9. The Drunken Prophet

This is both humorous and serious. I loved the character of the “Papa” – a drunk as prophet. However there were some problems with the prose that made me think it was hurriedly written with little or no re-reading. The author also assumes we know what the “one-week correction exercise” is all about. But it is an interesting story, with a powerful ending.

10. For a Vote

This is a brilliant story. Poetic; with powerful detail, powerful description of night, powerful evocation of mood. And then there’s the ambiguity of the ending – delightfully teasing the reader with questions. Was the narrator shot? Who shot him? Did he die? Brilliant last line. I wondered though how the narrator could see the blood and ink on his fingers on a “dark” night with a “half-moon” and “no stars”. But that’s a minor quibble.

11. We will live again

This story stands out for the way it leaves the reader with a strong sense of hope. I like the dialogue (including the use of pidgin) – very realistic. I also like how the story makes the reader, for a moment, an eavesdropper on the lives of two ordinary (young) Nigerian men.


12. An August Visitor

Despite the clichéd romantic plot I still wanted to read all the way to the end. And it is very well told. We are plunged right into action (no boring prelude), and then yanked off in a zone of suspense. Nice. I liked the exploration of an infatuated mind. Great last line too.

13. Neo-Juju

There is unnecessary detail piled in. I’m not very impressed by the writer tries to cram an entire life into 600 words. The story title is also puzzling. One of the story’s saving graces is the use of music as a device in the narration (Jeremiah Gyang, Kelly Clarkson, Sunny Nneji). I found that quite sophisticated. I also liked the use of groundnut-hawking (the child Zainab, and the little girl at the end) as a framing device for the narration.

14. What Theophilus did

A bit predictable. I also found it difficult to ‘suspend my disbelief’ when it got to the bit of the girl stumbling into her father’s room to see him in the middle of a ritual. Seems too convenient. Would a man do that kind of thing and not remember to lock the door? Why in the first place would he do it at home? But I’m impressed by the writer’s descriptive skill. Nice title too.

15. No Shortcut
This is just OK. I like the idea of Johnson leaving the Governor out in the cold. But I don’t know if a desperate Governor would content himself with delegating such an “important” task to an aide. He’d certainly also be pulling his own strings. Certainly wouldn’t go to sleep thinking all would be sorted just like that.

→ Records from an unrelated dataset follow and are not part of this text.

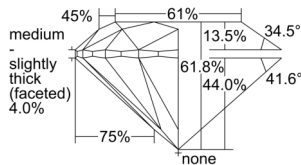

GIA®

FACSIMILE

GIA REPORT 2507260014

Verify this report at GIA.edu

GIA NATURAL DIAMOND DOSSIER®

August 23, 2024
GIA Report Number 2507260014
Shape and Cutting Style ..... Round Brilliant
Measurements ..... 5.10 - 5.13 x 3.16 mm

GRADING RESULTS

Carat Weight ..... 0.51 carat
Color Grade ..... E
Clarity Grade VS1
Cut Grade ..... Excellent

ADDITIONAL GRADING INFORMATION

Polish ..... Excellent
Symmetry ..... Excellent
Fluorescence ..... None
Clarity Characteristics ..... Cloud, Needle, Pinpoint
Inscription(s): GIA 2507260014

PROPORTIONS

Profile to actual proportions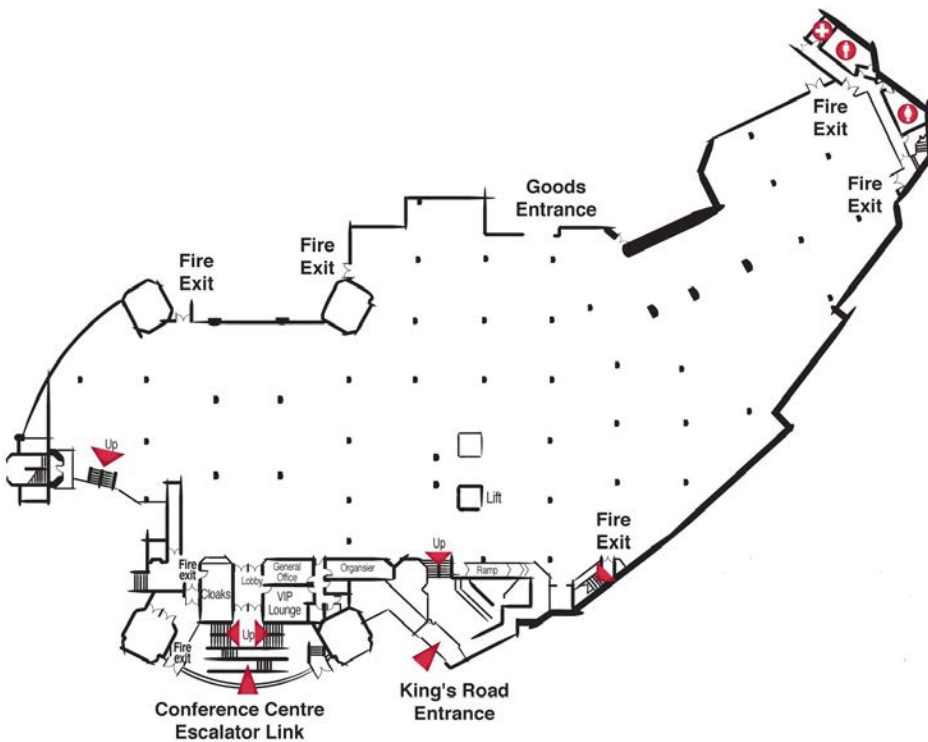

# HALL Q

Having recently undergone refurbishment, Hall Q offers event organisers 3285sqm.

**TOTAL AREA: 3285M<sup>2</sup>**

This hall benefits from its own dedicated entrance, registration area and suite of organisers' offices making a great stand alone space. It works equally as well for exhibition or catering when used in conjunction with the Auditorium.

### Dimensions

TOTAL AREA:	3285M <sup>2</sup>
LENGTH:	105M
WIDTH:	25-39M
HEIGHT:	2.4-3.3M

### Access

MAX ACCESS HEIGHT:	2.36M
MAX ACCESS WIDTH:	3.45M
OWN ENTRANCE:	YES

16. The Heavens are Silent

I didn’t find this very satisfying. The opening dialogue is stilted. The depiction of “the heavens” is unconvincing. Who are those talking? Angels?


17. In the Blink of an eye

Cliched plot and dialogue. Very little subtlety and nuance to the story.

18. The Process

No subtlety to the telling – the dialogue is heavy-handed, the moralizing too obvious: Clinton preaching to John, John getting “converted”.